DATA TO PROCESS:
□ □ □ □ □ □ □

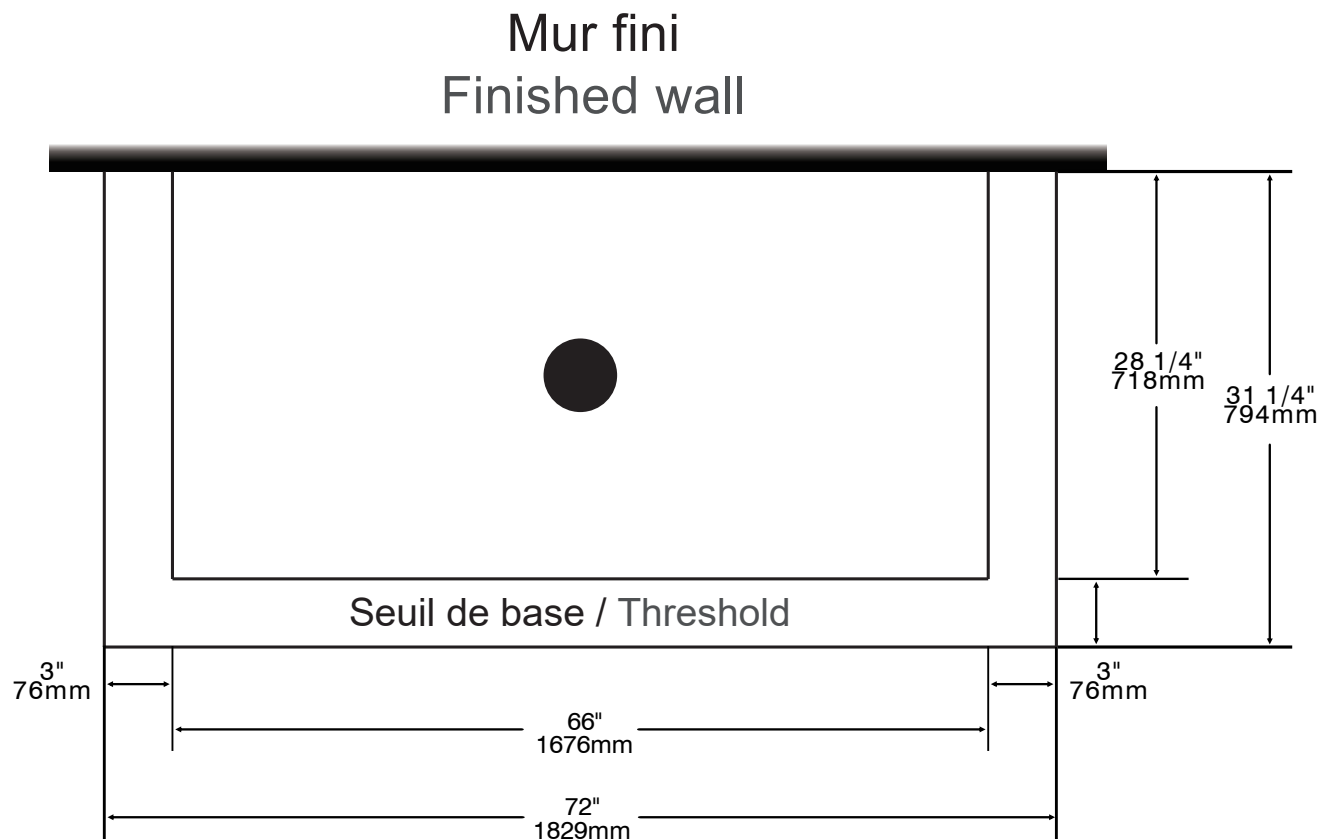

PLAN DE BASE DE CÉRAMIQUE POUR PORTE DE DOUCHE ZITTA

CERAMIC BASE PLAN FOR ZITTA SHOWER DOOR

Les dimensions sont compatibles avec certaines portes de douche Zitta. Pour une installation facile, s'assurer que le seuil et les murs sont de niveau.
Dimension are compatible with certain Zitta shower doors. For an easy installation, make sure the walls and the threshold are level.

Configuration **Sur mur / On wall** Dimensions **72" x 32"**

2023-02-10
Base de céramique
Ceramic base
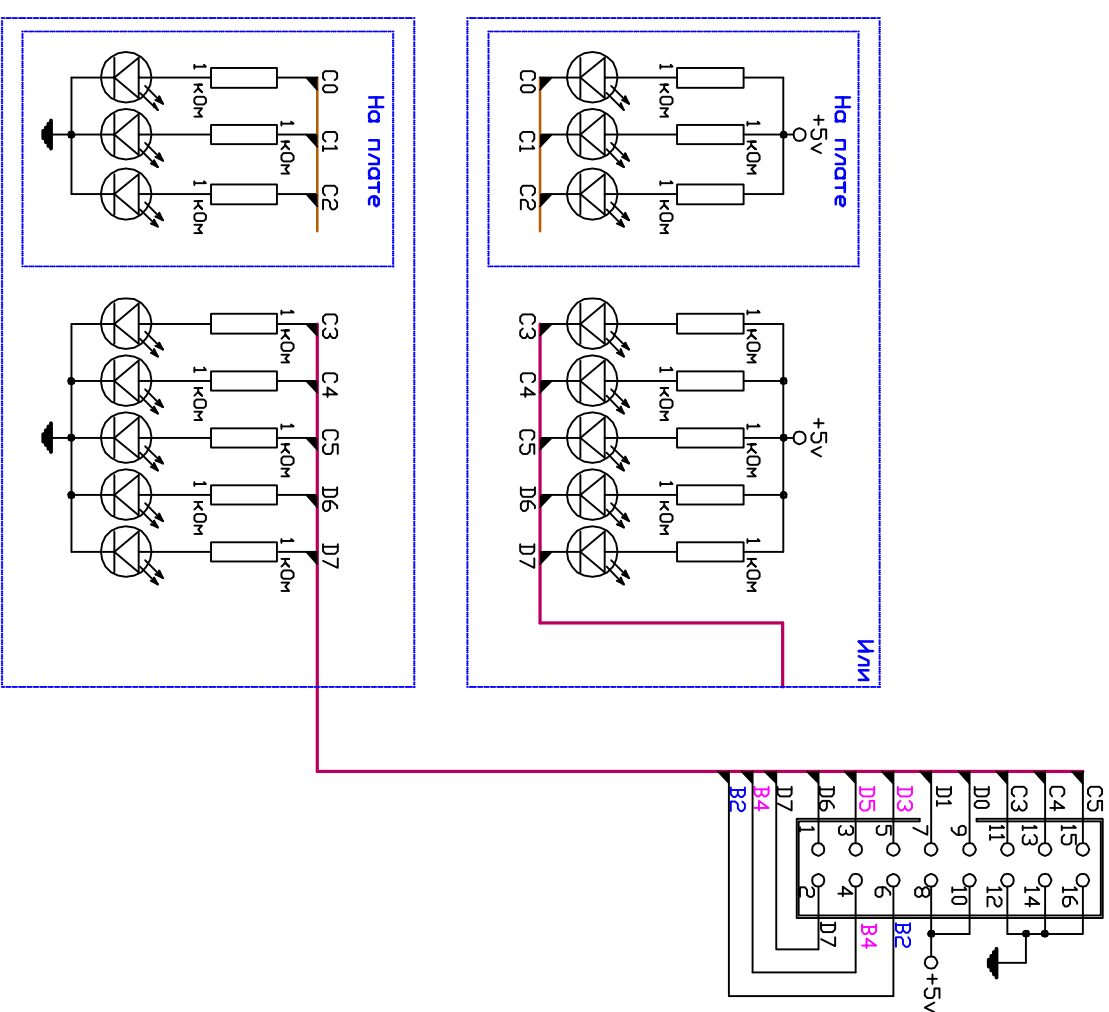

Всегда автономно.

Переключение.

Работа с реле

АТmega8

Работа с IR Out

АТmega8

Всегда от компьютера

Всегда автономно.

Плата 'For IgorPlug2'

ATmega8/88
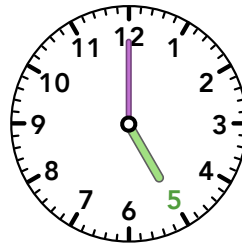

Klockan

Analog och digital

analog klocka:

digital klocka:

17:00

"klockan 5"

17:00

"5 i 6"
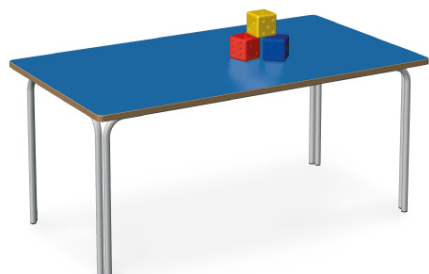

COSTRUZIONE ARREDAMENTI
Scuole - Uffici - Comunità

Listino Prodotti
Scuola Materna

Banco refettorio

Codice:010414 Prezzo:115.60€

Struttura ad arco in tubolare da mm. 28x1,5, Verniciatura con polveri epossidiche colore RAL 7035, per uno spessore di 60 micron. Piano in pannello truciolare fibrolegnoso E1 da mm. 18. Bordatura perimetrale del piano in ABS 15/10 finitura faggio, con spigoli arrotondati per la sicurezza dei bambini. All'estremità, puntali ad alette inestraiibili. Mis: 130x65x52h.

Colori disponibili:

Arancio

Blu

Giallo

Magnolia

Rosso

□ □ □ □ □ □ □

TO DO:
Copy whichever lines of the records above contain the word "PLAN".

WRITTEN RESPONSE:
PLAN DE BASE DE CÉRAMIQUE POUR PORTE DE DOUCHE ZITTA
CERAMIC BASE PLAN FOR ZITTA SHOWER DOOR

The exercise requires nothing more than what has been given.